• _PROBLEM STATEMENT_
I would like every record reproduced exactly, with the pictures left out.
(PROVIDED RECORDS begins)
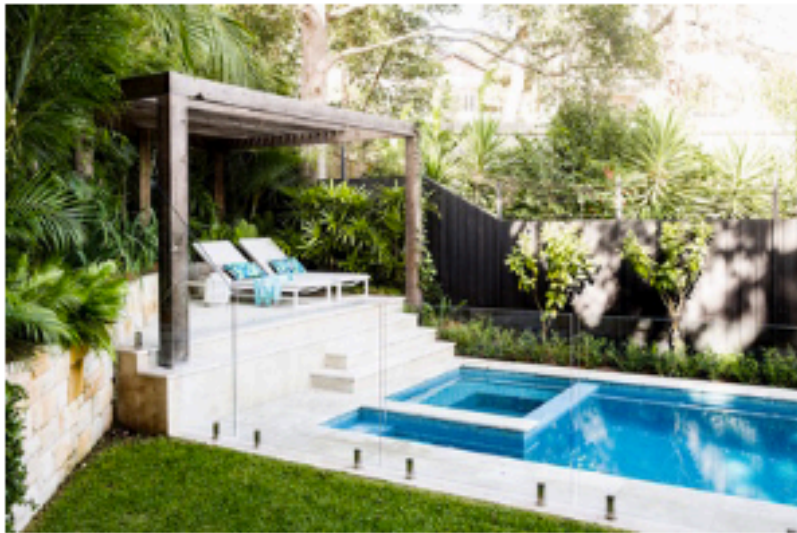

A winning entry from Oliver Sizeland of Growing Rooms Landscapes.

The Best in Category Award winners were:

- Rooftop or Balcony Garden: Adam Robinson, Adam Robinson Design
- Residential Landscape Design less than 50 m²: Chris Weiss, Formation Landscapes
- Residential Landscape Design 51–150 m²: Julia Levitt, Sticks & Stones Landscape Design
- Residential Landscape Design more than 151 m²: Andrew Munro, Define Landscape Architecture
- Commercial Landscape Design Educational/Institutional: Steve Warner, Outhouse Design
- Plantscape Design: Aaron Worth, Utopia Landscape Design
- Landscape Management Environmental: Jonathan Weinert, JW Concepts
- Landscape Management Master Planning: Sally Arnold, Fiddlehead Landscape Design
- Landscape Design Pro Bono: Mark Tisdell, Mark Tisdell Urban Design MUD
- Recent Graduate Competition: Fiona Thompson
- Student Competition: Andrew McLeod
(PROVIDED RECORDS ends)
• _TASK RESPONSE_
A winning entry from Oliver Sizeland of Growing Rooms Landscapes.

The Best in Category Award winners were:

- Rooftop or Balcony Garden: Adam Robinson, Adam Robinson Design
- Residential Landscape Design less than 50 m²: Chris Weiss, Formation Landscapes
- Residential Landscape Design 51–150 m²: Julia Levitt, Sticks & Stones Landscape Design
- Residential Landscape Design more than 151 m²: Andrew Munro, Define Landscape Architecture
- Commercial Landscape Design Educational/Institutional: Steve Warner, Outhouse Design
- Plantscape Design: Aaron Worth, Utopia Landscape Design
- Landscape Management Environmental: Jonathan Weinert, JW Concepts
- Landscape Management Master Planning: Sally Arnold, Fiddlehead Landscape Design
- Landscape Design Pro Bono: Mark Tisdell, Mark Tisdell Urban Design MUD
- Recent Graduate Competition: Fiona Thompson
- Student Competition: Andrew McLeod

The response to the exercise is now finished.